Herpesviruses are widespread in the human population, and implicated in the pathogenesis of several human malignancies (e.g. Kaposi’s sarcoma, Burkitt’s lymphoma, and Hodgkin’s disease). They establish latency, and reactivation may contribute to neoplasms.

Human cytomegalovirus (HCMV), a member of the family of herpesviruses, is a ubiquitous virus, which is trophic for a variety of tissues including glial cells. In 2002, Cobbs et al. [1] reported that of 27 gliomas examined all expressed multiple gene products of HCMV. In contrast, brain tissues from patients with meningioma, stroke, Alzheimer’s and other brain diseases were not infected by this virus [1]. Therefore, the authors suggested that HCMV might play an active role in glioma pathogenesis.

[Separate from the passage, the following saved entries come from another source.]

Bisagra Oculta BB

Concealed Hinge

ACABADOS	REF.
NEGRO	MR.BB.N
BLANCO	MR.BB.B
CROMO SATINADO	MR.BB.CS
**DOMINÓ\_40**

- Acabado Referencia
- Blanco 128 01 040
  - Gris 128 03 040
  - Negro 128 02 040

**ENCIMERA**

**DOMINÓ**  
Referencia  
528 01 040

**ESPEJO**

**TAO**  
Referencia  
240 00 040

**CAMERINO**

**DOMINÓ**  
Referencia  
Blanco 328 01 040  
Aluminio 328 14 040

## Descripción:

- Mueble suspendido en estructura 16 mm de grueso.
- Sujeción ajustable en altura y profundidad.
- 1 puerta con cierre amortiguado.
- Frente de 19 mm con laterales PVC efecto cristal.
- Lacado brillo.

Furthermore, a sero-epidemiological case-control study investigated the role of several herpesviruses in gliomas. In 2001, Wrensch et al. [2] reported an inverse correlation of glioma cases with serum antibodies against varicella- zoster virus (VZV), Epstein-Barr virus (EBV) and herpes simplex virus (HSV). HCMV antibodies were slightly more frequently observed in glioma cases than in population controls.

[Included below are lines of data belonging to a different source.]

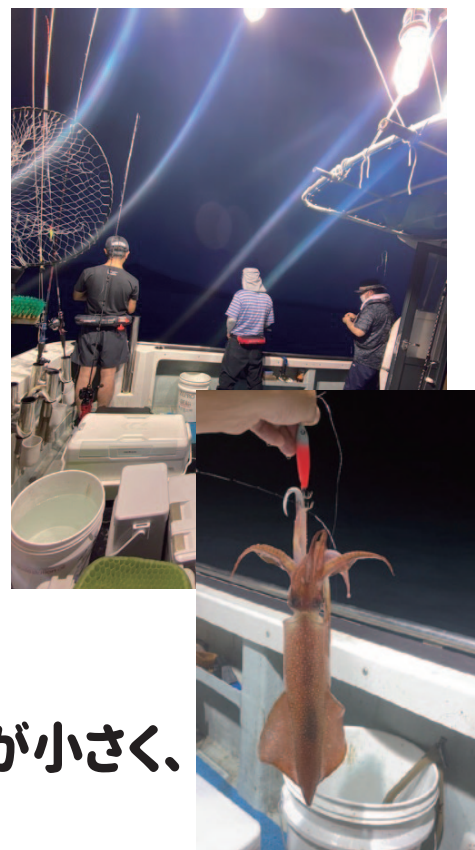

# ケンサキイカ・イカメタル

釣り船  
龍神丸

釣行日 2022年08月01日(月) 場所 山形県 酒田沖

釣果 : ケンサキイカ 安藤 8 ハイ  
サイズ : 胴長 15~30 センチ  
釣り方 : イカメタル 15~20 号  
ドロッパー 浮スツテ 4 号他  
ロッド : バレーヒルレトロベシック 63MT  
リール : ダイワソルティガ IC300L  
ライン : PE ライン よつあみ 0.5 号 200m  
リーダー : リーダー 4 号 エステル

## 【コメント】

イカメタル初挑戦でした。想像以上にバイトが小さく、手に感じてからでは遅いです。

水深 42m、電気を付けて中盤以降 25~35m が釣れる層でした。カウンター付のリールが便利です。アタリを取る際もハンドルが動かないダブルハンドルがオススメです。

飽きさせないよう、メタルとドロッパーは何度も交換しますのでカラーやサイズもある程度の種類が必要です。

船中 1~8 ハイ。前日は絶好調だったようでしたが、1 日で状況が変わりましたが、これから本格的シーズンになるようです。サバが多く、スツテを飲み込んでしまうことも多いので外すのに慣れが必要です。

同じポイントに大型アジも入っていますのでバチコンも楽しめます。

乗船代金 12 名貸切 110,000 円 氷別

The present study was conducted to evaluate the role of previous herpesvirus infections in brain tumor development by (i) assessing the prevalence of HCMV gene products and/or nucleic acids in primary brain tumor tissues and corresponding blood samples, and also (ii) analyzing the sero-prevalence of anti-HCMV, anti-VZV, anti-EBV and anti-HSV antibodies (IgM and IgG) in patients with primary brain tumors.

Material and Methods

Between December 2002 and March 2004, 95 patients with primary brain tumors (gliomas, meningiomas, acoustic neurinomas, and medulloblastomas) were included in the study. There was no age restriction for participating in the study. Overall, patients had a median age of 53 years with a range from 9 to 83 years. Biopsies from tumor tissues and blood samples of the patients were collected at the Department of Neurosurgery, University of Heidelberg.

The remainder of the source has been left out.